The problem with articles like this is that they merely show us that the writer (in this case @paulkrugman) has *finally* recognized the challenges of off-Earth settlement that we have known precisely & been working to solve for decades... 1/2 nytimes.com/2022/06/07/opi…
2/…and it presents it to us as if it is a big gotcha that only he could have known (as if we don’t read the economics literature, too), and it doesn’t assess the actual progress in overcoming this challenge so it implies there is nobody working on it & no way to address it. smh
To be clear, I don’t think anybody including @elonmusk’s team believes we can send 1M ppl to Mars *today.* We know we have to develop tech that will make a small-population Mars community viable. Achieving 1M-viability is a target. I think it is easily doable.
Some of the concepts in play: (1) Reduce width of the supply chain by using more commonality of parts. E.g., do we need 1,000 different types of bolts, each with their own factory equipment to make them? No. Maybe we can divide the supply chain width by 30.

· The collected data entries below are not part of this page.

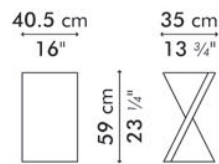

WAVE

KENETHCOBONPUE

COFFEE TABLE
END TABLE

🏠 ash, mahogany or walnut

WAVE

Coffee Table

Standard glass size:
120 cm D x 70 cm W x 10 mm thickness
(47 1/4" x 27 1/2" x 3/8"), pencil edge

	24 kg / 53 lbs	GLASS	20 kg / 44 lbs
	0.23 m³		0.18 m³

End Table

Standard glass size:
50 cm D x 50 cm W x 10 mm thickness
(19 3/4" x 19 3/4" x 3/8"), pencil edge

	11 kg / 24 lbs	GLASS	3.5 kg / 8 lbs
	0.13 m³		0.07 m³

INDOOR ash, mahogany or walnut

natural (walnut wood)

(2) Entire segments of the economy can be eliminated. E.g., Mars will not have a wood furniture industry (no trees). Mars domed-city dwellers will not need cars or airlines. Etc. The new economy can be vastly more efficient & sustainable than what we have on Earth.
(3) Automation tech is advancing at super speed. Right now in the West we leverage labor about 1500:1. Globally it is 300:1. Advancing tech will soon make it 10,000:1. Then 100k:1. The supply chain needs ever-less human labor to be sustainable.
(4) Nobody ever said Mars will not trade with Earth. @paulkrugman was making a straw man argument there, or was unaware of the literature & developments on this topic. We think the cost of Mars transport will plummet by a factor of 1000s in a few decades. In fact…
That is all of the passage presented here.